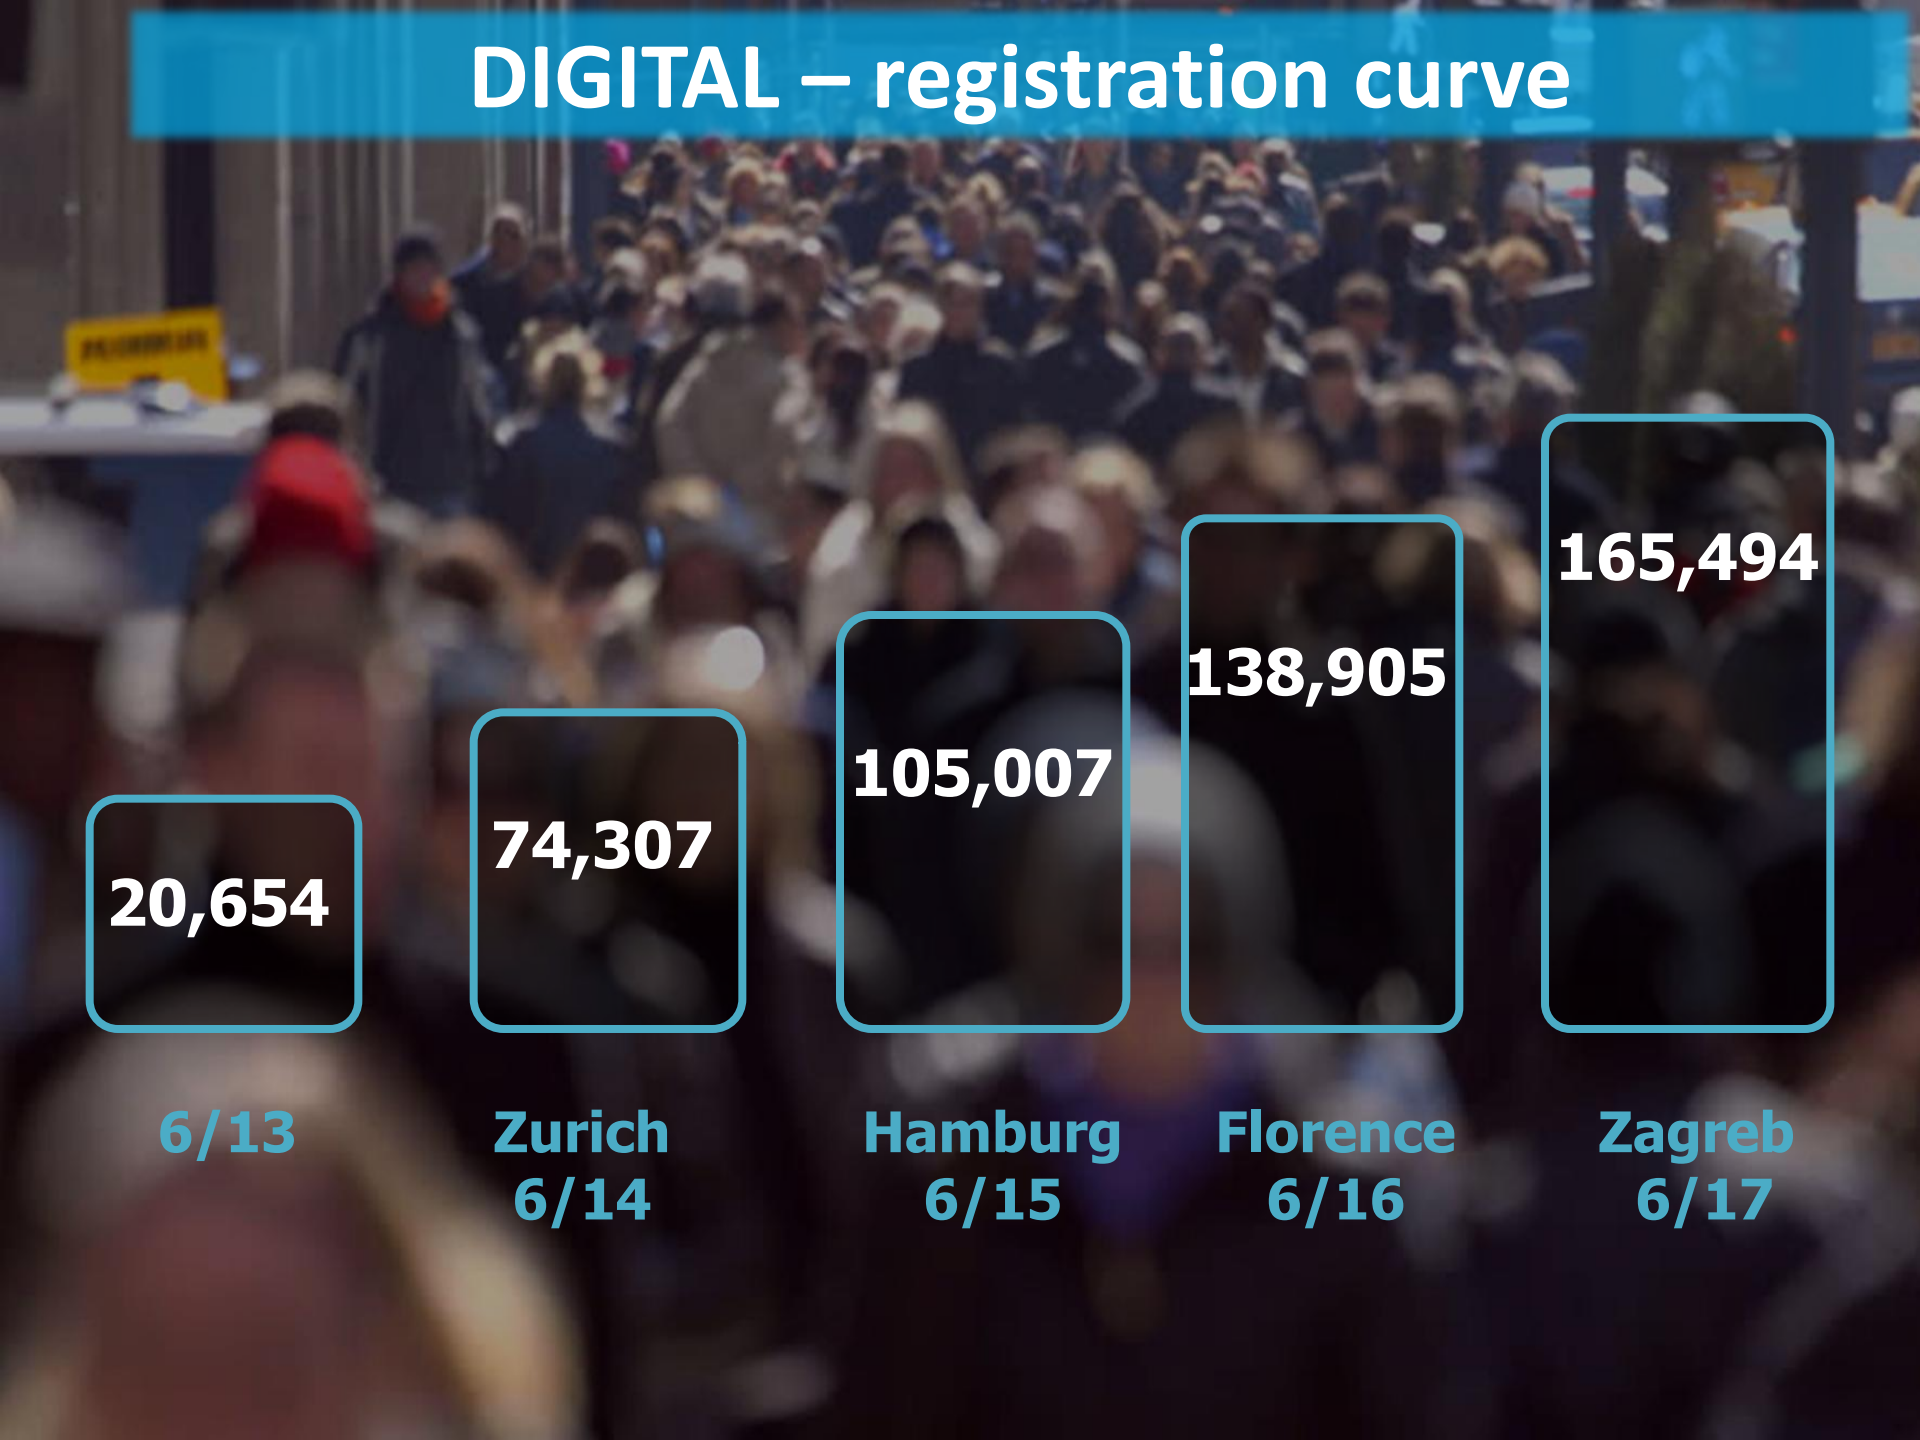

20,654

6/13

74,307

**Zurich
6/14**

105,007

**Hamburg
6/15**

138,905

**Florence
6/16**

165,494

**Zagreb
6/17**

DIGITAL – registration curve

22%

Average click
rate

41%

Average Open
rate

2015 in 41%
━━━━━━━━━━━━━━━━
WHAT TO PRODUCE: Up to and including the last line above, starting with the line that contains "DIGITAL – registration curve", return each line exactly and nothing else.

OUTPUT FOR THIS TASK:
DIGITAL – registration curve

22%

Average click
rate

41%

Average Open
rate

2015 in 41%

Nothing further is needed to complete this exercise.